The Halloween haunted house at Warwick Community Center is an example.
“All along I had a vision. I knew it could be done, but at what cost?” she recalled thinking when she planned the variety of haunted experiences, such as the “no scare walk through” and the family tour. “At times I thought I must be mad, but inside I knew I was getting traction. I’d say I’d continue until the end of the year, but then I couldn’t walk away.”
She noticed the way engagement with the arts program served many people in different ways.
“A kid with ADD who needs to run around the building, when given tasks, becomes a leader of peers and self-possessed,” she said. “Maybe we had a hand in that.”
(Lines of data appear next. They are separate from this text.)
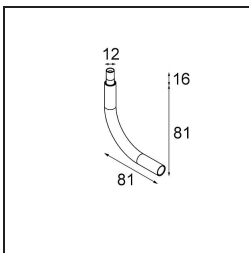

Datum
Klant
Project
Soort

Modupoint Square Surface 420X58 3x Jack Casambi DI 500mA White Structure

Specificaties

Materiaal	13494009
Levensduur	L80B20 bij 50.000 Uur
Lamp inbegrepen	Neen
Aantal Lichtbronnen	3
Ingangsspanning	230 V
Elektriciteitsklasse	I
IP-klasse	20
Gloeidraadtest (°C)	960
Protocol Voor Dimmen	Casambi
Binnen/Buiten	Binnen
Toepassing	Plafond, Wand
Montage	Opbouw
Verstelbaarheid	Not Applicable
Primaire Kleur & Primaire Afwerking	Wit, Structuur
Slimme Verlichting	Casambi
Brutogewicht (g)	830,0
Opmerking	<ul style="list-style-type: none"> • Lichtmodule niet inbegrepen • Dit is geen compleet product. Jack lichtmodules vereist. • Dit is geen compleet product. Jack lichtmodules vereist.

Decoratieve Accessoires

- 13240009** Modupoint LED Stick 10cm DE white struc
13240032 Modupoint LED Stick 10cm DE black struc

- 13240109** Modupoint LED Stick 20cm DE white struc
13240132 Modupoint LED Stick 20cm DE black struc

- 13240209** Modupoint LED Stick 30cm DE white struc
13240232 Modupoint LED Stick 30cm DE black struc

- 13242209** Modupoint LED Stick Surface Curved 90° White Structure
13242232 Modupoint LED Stick Surface Curved 90° Black Structure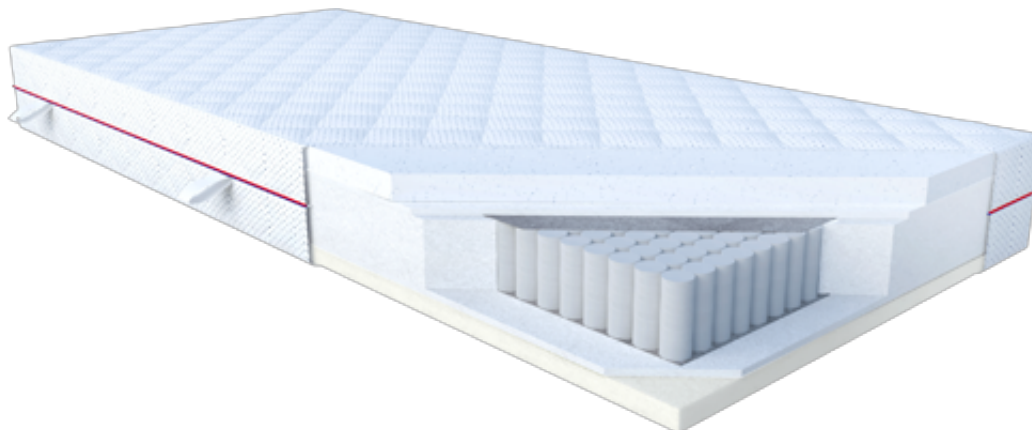

Opis produktu

Materac Niobe to multifunkcyjny model, który jest trwały, sprężysty, ale równocześnie niesamowicie wygodny. Z jednej strony zapewnia stabilne i elastyczne wsparcie, z drugiej miękkie otulenie.

ZDROWIE - 8,0/10

Wnętrze materaca jest stworzone z doskonale dopasowującej się do ciała sprężyny kieszeniowej. Na każdym metrze kwadratowym materaca znajduje się aż 500 małych sprężyn zamkniętych w materiałowych kieszonkach, które pracują niezależnie i ściśle dopasowują się do kształtu ciała. Dodatkowo siedem zróżnicowanych stref twardości gwarantuje zdrowe i dokładne podparcie poszczególnych części ciała, bez względu na pozycję w której śpisz. Co ważne, zarówno pianka wysokoelastyczna, jak i termoelastyczna, okalające wkład sprężynowy, są idealnym rozwiązaniem dla alergików, ponieważ materiał, z którego są zbudowane nie stanowi pożywki dla chorobotwórczych mikroorganizmów.

KOMFORT - 8,0/10

Warstwę sprężyn uzupełniają bardzo elastyczne pianki, zwiększające odczucie komfortu. Sprężysta pianka wysokoelastyczna gwarantuje wygodę, stabilne podparcie oraz wysoki stopień oddychalności. Z kolei pianka termoelastyczna znajdująca się z drugiej strony materaca zapewnia efekt delikatnego otulenia poprzez dopasowanie się do kształtów ciała pod wpływem temperatury i obciążenia. Jej struktura sprawia, że ciało nie jest poddawane żadnym naciskom, w efekcie nic nie blokuje krążenia i organizm jest lepiej ukrwiony. Dwie zróżnicowane strony materaca zwiększają jego żywotność i pozwalają dopasować go do aktualnych potrzeb i kondycji Twojego ciała. To, którą z nich wybierzesz dzisiaj zależy wyłącznie od Ciebie.

Pokrowiec można rozsunąć na 2 części, zamek dwudzielny i prać w 40 st.

Doskonała wentylacja materaca, 7 stref twardości zapewnia doskonałe dopasowanie do kręgosłupa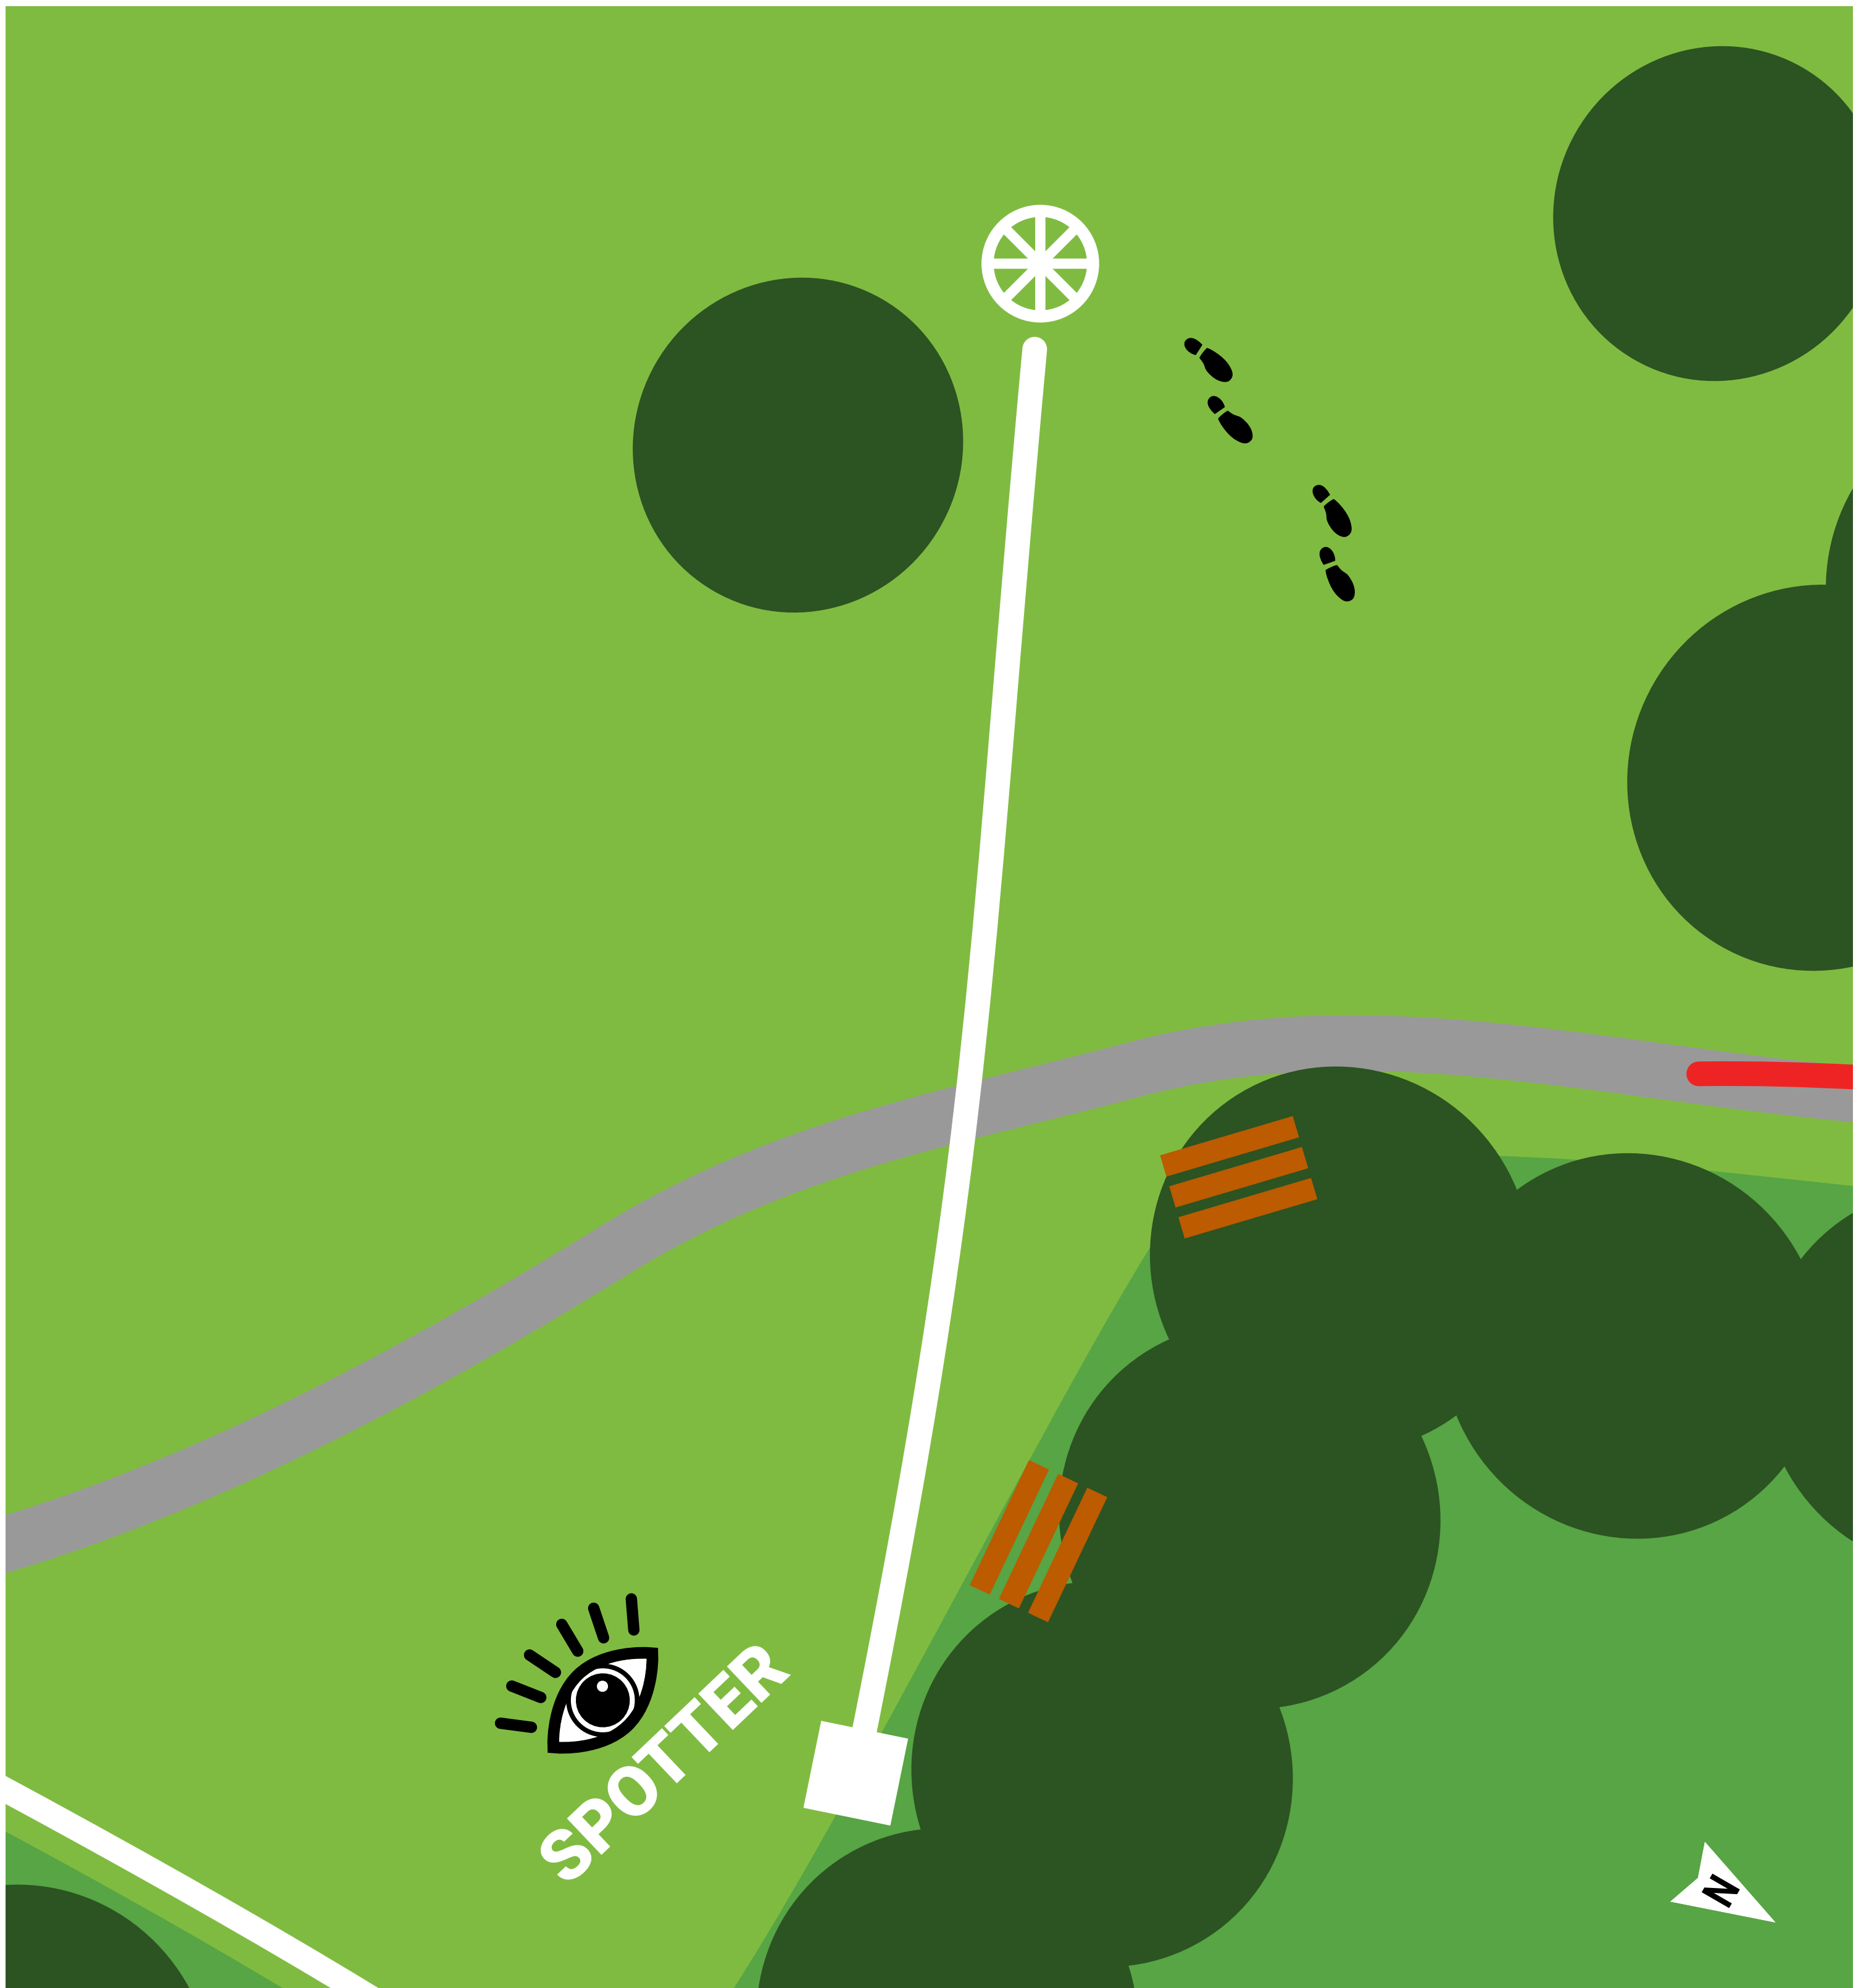

#9

Par 3
60m
+2m

◆ Der Weg zum nächsten Tee folgt der Forststraße ca. 120m nach links

Disc-Golf Turnier Bayerische Meisterschaft

#10

Par 3
75m
+2m

Disc-Golf Turnier Bayerische Meisterschaft

#11

Now she contemplates whether getting funding to build an art center would attract the kind of community investment that grass roots efforts to “use what’s here” would summon.
Meanwhile Shaw-Smith’s arts circle enlarges. Fuller Moon Arts Festival in 2022, offering productions by Warwick Center for the Performing Arts and Warwick Dance Collective, along with assorted visual art displays, became part of August for the Arts in 2023, which included film, jazz and short plays festivals. Next year, she said, an event will spotlight climate change challenges and what people can do to address them.
“We look for people who extend the mission of the arts,” said Todd Hulet, executive director of Orange County Arts Council, explaining why Shaw-Smith received an award this year, along with three artists from other parts of Orange County. With the arts, “they add to quality of life, jobs, the economy and tourism,” he said.
Nominations are open to the public. Then the OCAC board of directors selects awardees. Hulet noted how Shaw-Smith’s efforts supported a variety of arts and arts groups.
“She brought them in, so her efforts will sustain their work,” said Hulet.